(Stored data)
--- START ---

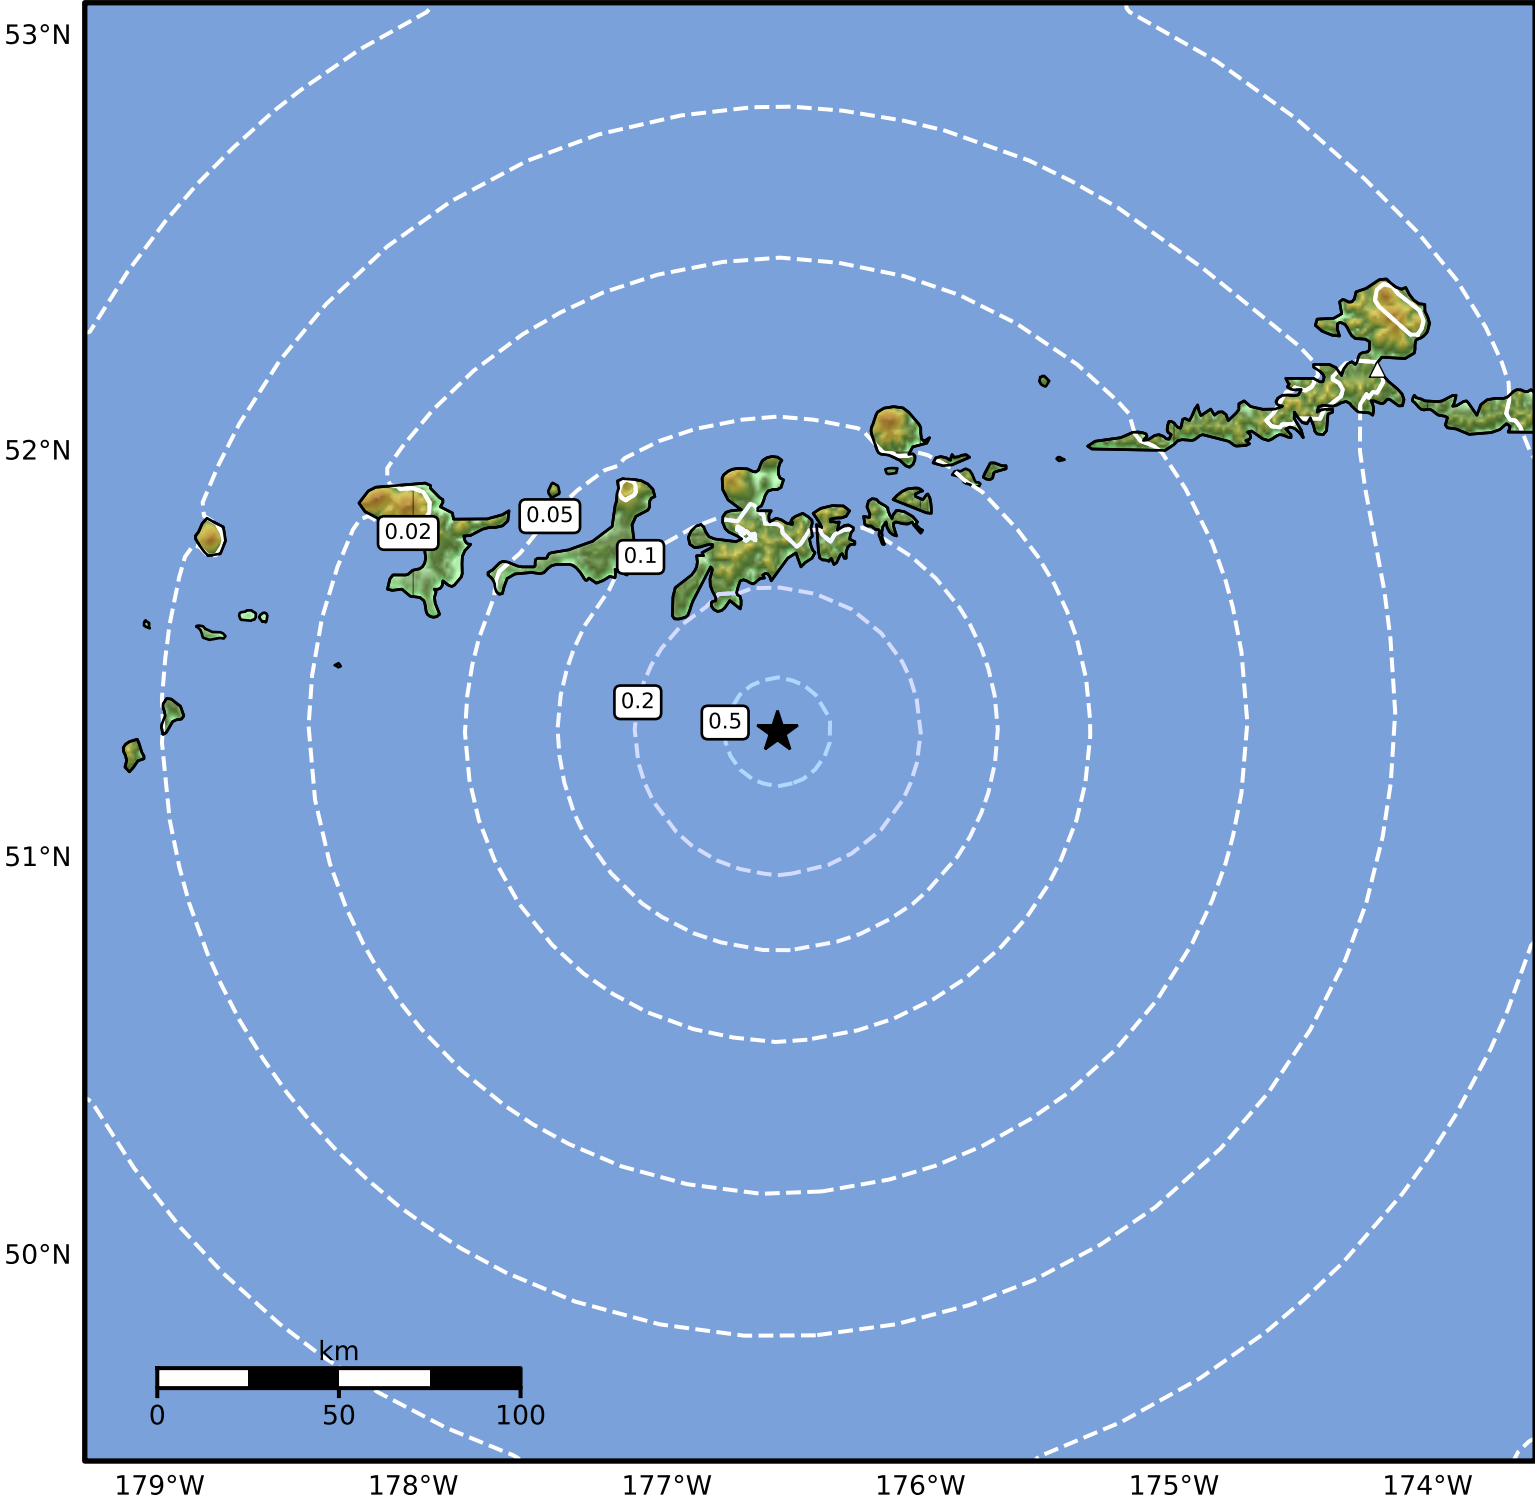

0.3 Second Peak Spectral Acceleration Map Alaska Earthquake Center  
 ShakeMap: 63 km (39 miles) S of Adak  
 Jan 22, 2025 13:53:44 UTC M3.8 N51.31 W176.56 Depth: 25.9km ID:ak02510lvq3c

<b>SA(0.3) (%g)</b>	<b>0.1</b>	<b>0.2</b>	<b>0.5</b>	<b>1</b>	<b>2</b>	<b>5</b>	<b>10</b>	<b>20</b>	<b>50</b>	<b>100</b>	<b>200</b>
---------------------	------------	------------	------------	----------	----------	----------	-----------	-----------	-----------	------------	------------

Scale based on Worden et al. (2012)

Version 2: Processed 2025-01-22T14:15:15Z

△ Seismic Instrument ○ Reported Intensity

★ Epicenter
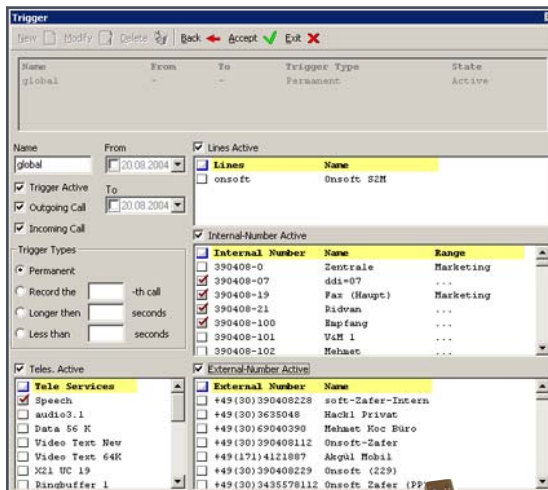

# W@tch ISDN-Logger

W@tch**USB**

## LDC software for the mini logger

The "big" live recording solution by onsoft is also available for the small logger.

The light version LDC supports a USB-W@tch connected to the PC or laptop and offers virtually all the standard features of call recording at a low price. Extensions for fax and data retrieval are also available.

user interface

selective recording

The LDC software allows you to record selectively according to numbers, lines or services.

A sophisticated system of authorisations prevents unwanted data leakage, thus complying with top legal standards.
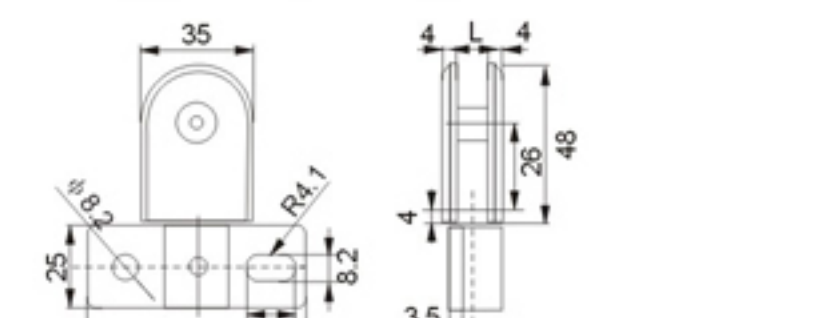

Glass clamp hinge

Size: 8-12mm toughened glass
Color: mirror, Satin
Material: Stainless steel

Model:3H-M103

名称: 不锈钢玻璃夹合页
规格: 8-12mm钢化玻璃
颜色: 镜光、拉丝
材料: 不锈钢
Glass clamp hinge
Size: 8-12mm toughened glass
Color: mirror, Satin
Material: Stainless steel

--- END ---

- _ABOUT THIS EXERCISE_
Every entry above has to be repeated exactly, apart from its pictures.

- _WRITTEN REPLY_
0.3 Second Peak Spectral Acceleration Map Alaska Earthquake Center  
 ShakeMap: 63 km (39 miles) S of Adak  
 Jan 22, 2025 13:53:44 UTC M3.8 N51.31 W176.56 Depth: 25.9km ID:ak02510lvq3c

<b>SA(0.3) (%g)</b>	<b>0.1</b>	<b>0.2</b>	<b>0.5</b>	<b>1</b>	<b>2</b>	<b>5</b>	<b>10</b>	<b>20</b>	<b>50</b>	<b>100</b>	<b>200</b>
---------------------	------------	------------	------------	----------	----------	----------	-----------	-----------	-----------	------------	------------

Scale based on Worden et al. (2012)

Version 2: Processed 2025-01-22T14:15:15Z

△ Seismic Instrument ○ Reported Intensity

★ Epicenter

# W@tch ISDN-Logger

W@tch**USB**

## LDC software for the mini logger

The "big" live recording solution by onsoft is also available for the small logger.

The light version LDC supports a USB-W@tch connected to the PC or laptop and offers virtually all the standard features of call recording at a low price. Extensions for fax and data retrieval are also available.

user interface

selective recording

The LDC software allows you to record selectively according to numbers, lines or services.

A sophisticated system of authorisations prevents unwanted data leakage, thus complying with top legal standards.

Glass clamp hinge

Size: 8-12mm toughened glass
Color: mirror, Satin
Material: Stainless steel

Model:3H-M103

名称: 不锈钢玻璃夹合页
规格: 8-12mm钢化玻璃
颜色: 镜光、拉丝
材料: 不锈钢
Glass clamp hinge
Size: 8-12mm toughened glass
Color: mirror, Satin
Material: Stainless steel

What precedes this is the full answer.